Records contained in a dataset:
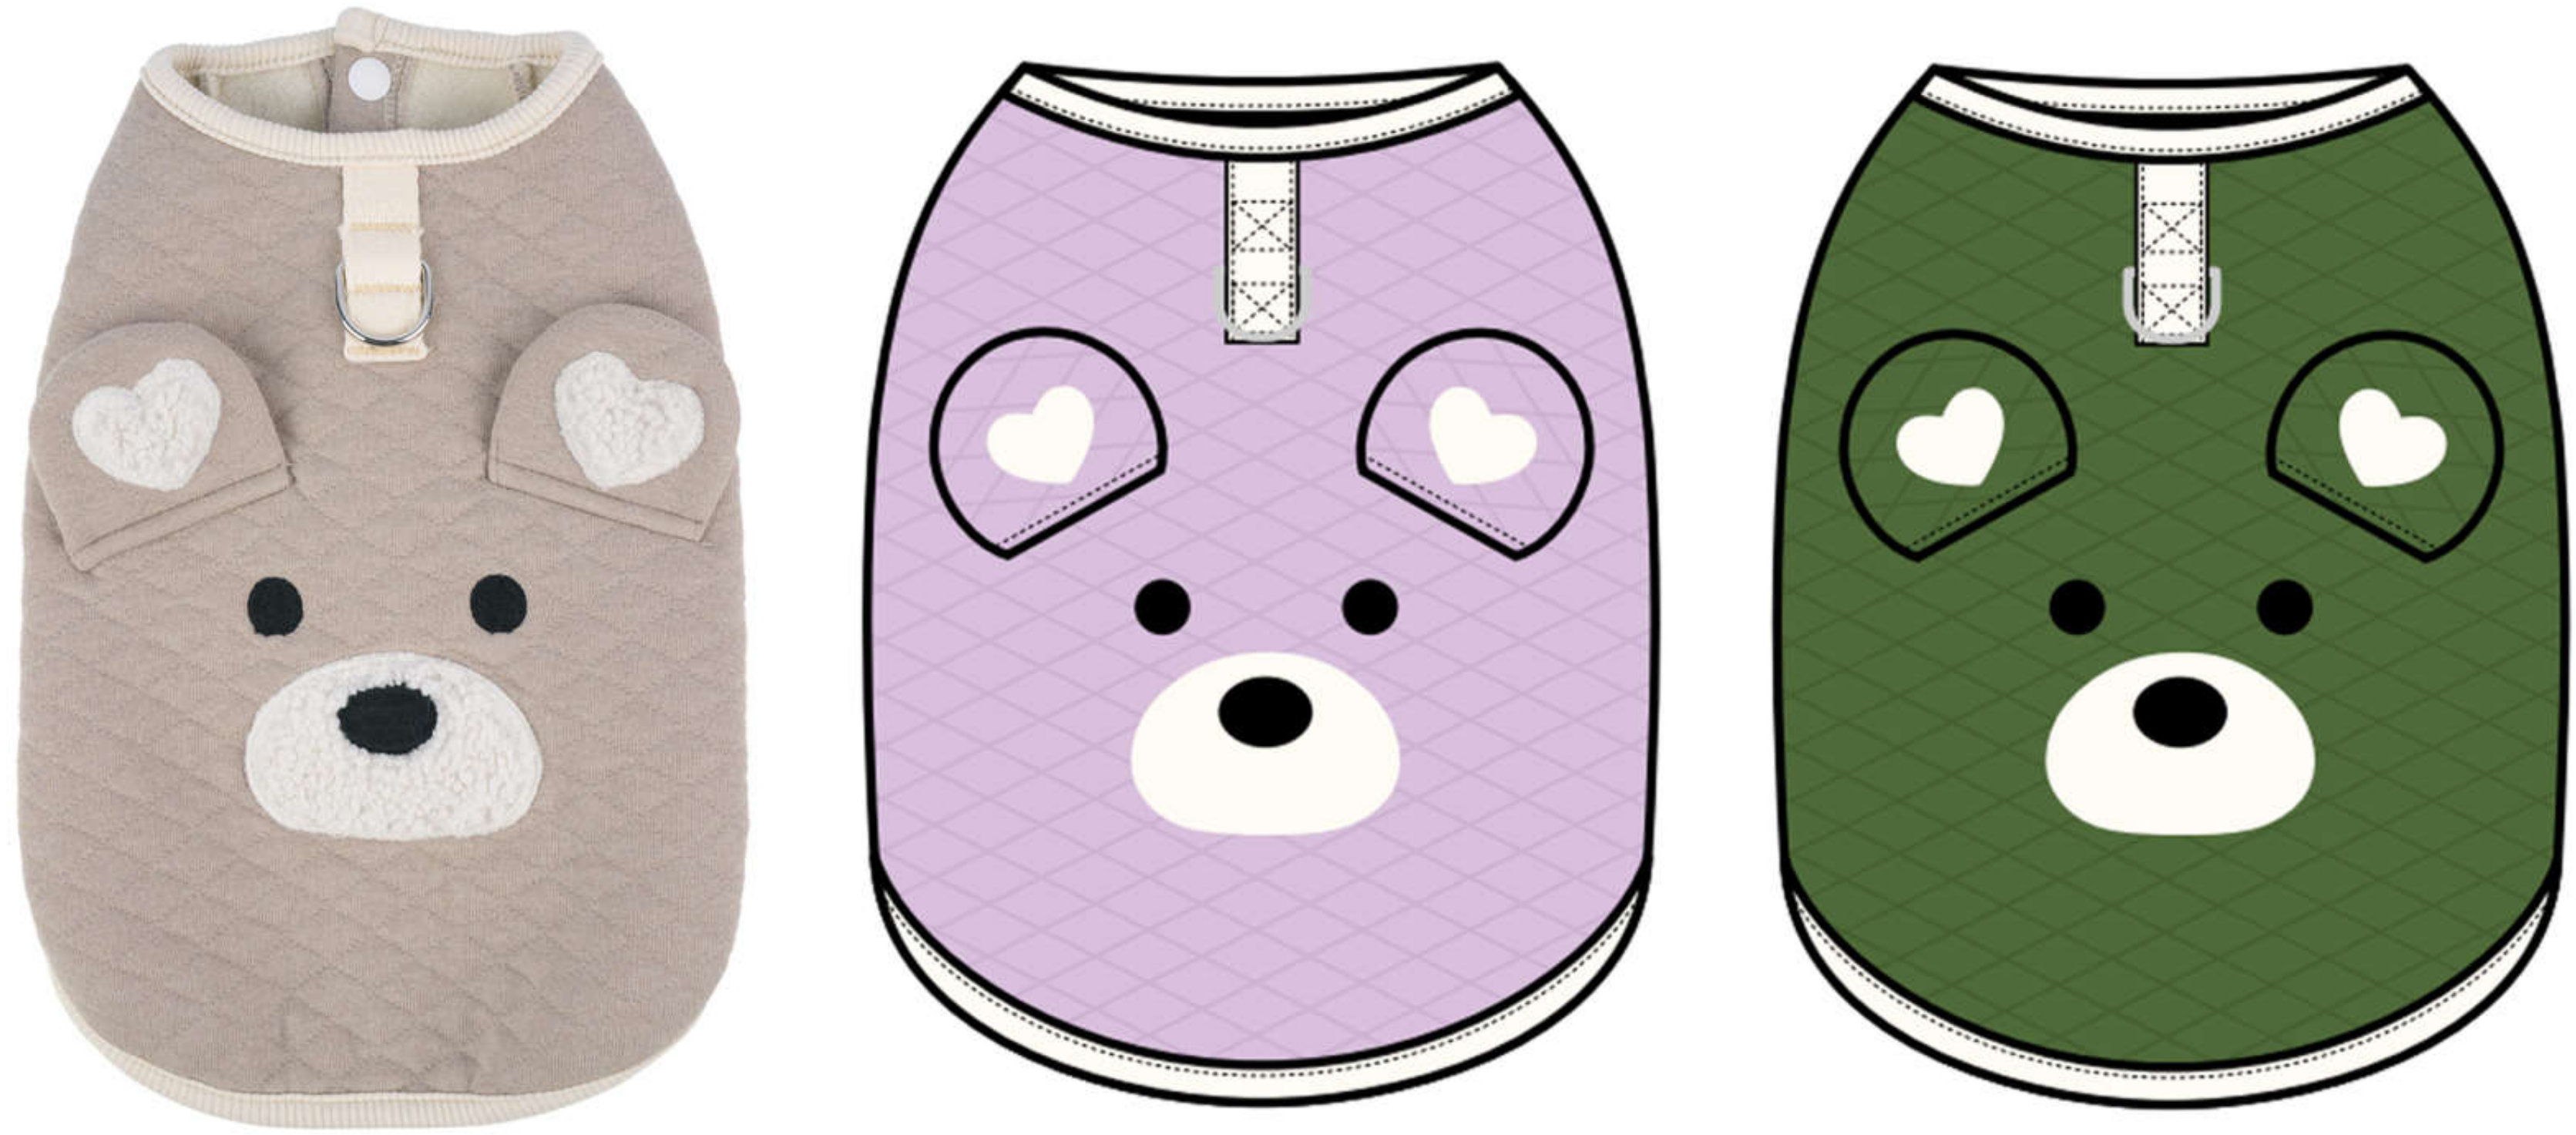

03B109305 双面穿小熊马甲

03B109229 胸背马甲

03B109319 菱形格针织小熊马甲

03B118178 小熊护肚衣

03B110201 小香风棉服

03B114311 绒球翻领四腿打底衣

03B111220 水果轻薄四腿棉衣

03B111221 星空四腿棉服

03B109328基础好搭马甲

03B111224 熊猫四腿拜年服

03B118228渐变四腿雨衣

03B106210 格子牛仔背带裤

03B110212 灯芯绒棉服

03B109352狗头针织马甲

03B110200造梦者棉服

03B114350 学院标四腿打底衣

*What needs to be done:*
Exact retyping is required: the line with "03B111220 水果轻薄四腿棉衣" through the end of the data, both ends included, and no other line.

*Written response:*
03B111220 水果轻薄四腿棉衣

03B111221 星空四腿棉服

03B109328基础好搭马甲

03B111224 熊猫四腿拜年服

03B118228渐变四腿雨衣

03B106210 格子牛仔背带裤

03B110212 灯芯绒棉服

03B109352狗头针织马甲

03B110200造梦者棉服

03B114350 学院标四腿打底衣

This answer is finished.